*** Opening Records for the exercise ***
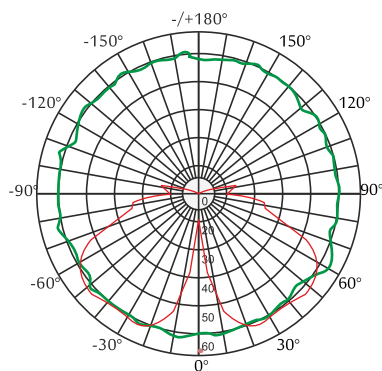

CODE	WATTAGE	LUMEN	SIZE mm
1333030	30W	3240lm	Ø680 X 480mm
1333050	50W	5400lm	Ø680 X 480mm
1333080	80W	8640lm	Ø680 X 480mm

LED			
PHASE DIMMING	DALI	1-10 DIMMING	ENERGY STAR
65°C		Glowing Wire Test - 850°	
-20°C			
IP 65	IK 08	UGR <22	SDCM 2.0/3.0
CIDET	EAC	COMPLIANCE LM-79 TM-21 LM-80	
PASEL ACCREDITATION	SMD	CRI >90	
ROHS	SELV	F	ECO
CE	COMPLIANCE	U	
A++		220~265V 50/60Hz
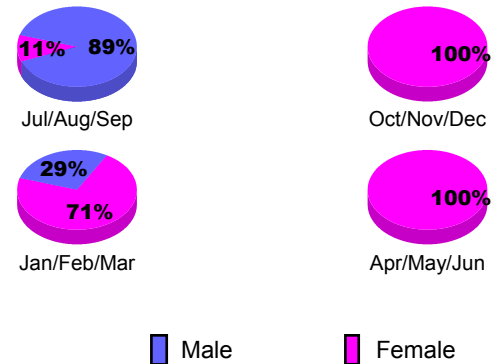

Club Results 2012-2013
Goal, New, Dropped, Gain/Loss

YTD Status Quo Clubs 2012-2013

Status Quo Clubs Compared to Status Quo Members

Club Gain/Loss 2012-2013

MEMBERSHIP

Month	Net Memb Goal	Actual New Memb	Actual Dropped Memb	Gain/Loss of Memb
2012-2013				
Jul/Aug/Sep	15	66	21	45
Oct/Nov/Dec	0	36	32	4
Jan/Feb/Mar	50	84	21	63
Apr/May/June	-10	61	62	-1
Totals	55	247	136	111

Membership Results 2012-2013
Goal, New, Dropped, Gain/Loss

Gender Comparison 2012-2013

Membership Gain/Loss 2012-2013
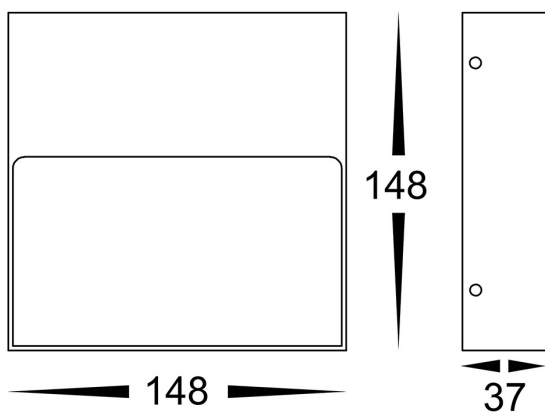

DIMENSIONS

COLOUR TEMPERATURE

Tri-Colour By Havit

3000K

4000K

5500K

IP RATING

APPROVALS

Product Ordering

IMAGE	PART NUMBER	INPUT	COLOUR TEMP	LUMENS	BEAM ANGLE	INCLUDED LED
	HV3276T-BLK-240V	240v AC	3000k 4000k 5500k	110lm 115lm 120lm	120°	Tri-Colour 4w Built in LED
	HV3276T-BLK-12V	12v DC				
	HV3276T-WHT-240V	240v AC	3000k 4000k 5500k	110lm 115lm 120lm	120°	Tri-Colour 4w Built in LED
	HV3276T-WHT-12V	12v DC				

12v DC models must be used with suitable 12v DC LED Driver

* Lumen output measured at source

** See Warranty Terms and Conditions for more information

For more information contact Havit Lighting

ADDRESS:
143 Beauchamp Road
Matraville NSW 2036
Australia

Tel: 02 9381 8300
Fax: 02 9666 8881
Email: sales@havit.com.au
web: www.havit.com.au
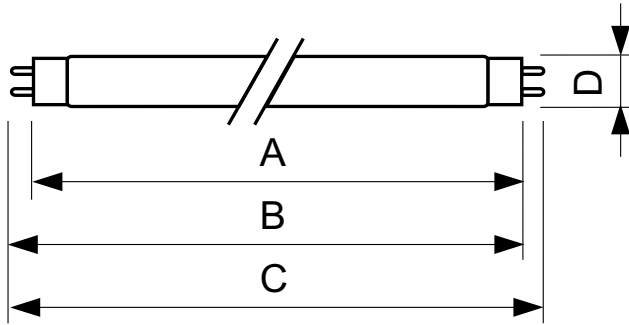

### Product data

General Information		Controls and Dimming	
Cap-Base	G13 [Medium Bi-Pin Fluorescent]	Dimmable	Yes
Nominal lifetime	13,000 hour(s)		
Life to 50% Failures (Nom)	13,000 hour(s)	Mechanical and Housing	
		Bulb Shape	T8
Light Technical		Approval and Application	
Color Code	54-765	Mercury (Hg) Content (Nom)	5.0 mg
Luminous Flux	1,825 lm	Energy Consumption kWh/1000 h	36 kWh
Color Designation	Cool Daylight		
Correlated Color Temperature (Nom)	6200 K	Product Data	
Color rendering index (CRI)	72	Order product name	TL-D 30W/54-765 1SL/25
Operating and Electrical		Full product name	TL-D 30W/54-765 1SL/25
Power Consumption	30.0 W	Full product code	871150072263800
Lamp Current (Nom)	0.360 A	Order code	928025405482
Voltage (Nom)	98 V	Material Nr. (12NC)	928025405482
Voltage (Nom)	98 V	Numerator - Quantity Per Pack	1
		EAN/UPC - Product/Case	8711500722638
		Numerator - Packs per outer box	25

## Dimensional drawing

Product	D (max)	A (max)	B (max)	B (min)	C (max)
TL-D 30W/54-765 1SL/25	28 mm	894.6 mm	901.7 mm	899.3 mm	908.8 mm
*** Closing Records for the exercise ***
Exercise goal: Your answer should be one number, the count of lines in the records that contain the word "hour".

Solution for this problem: 2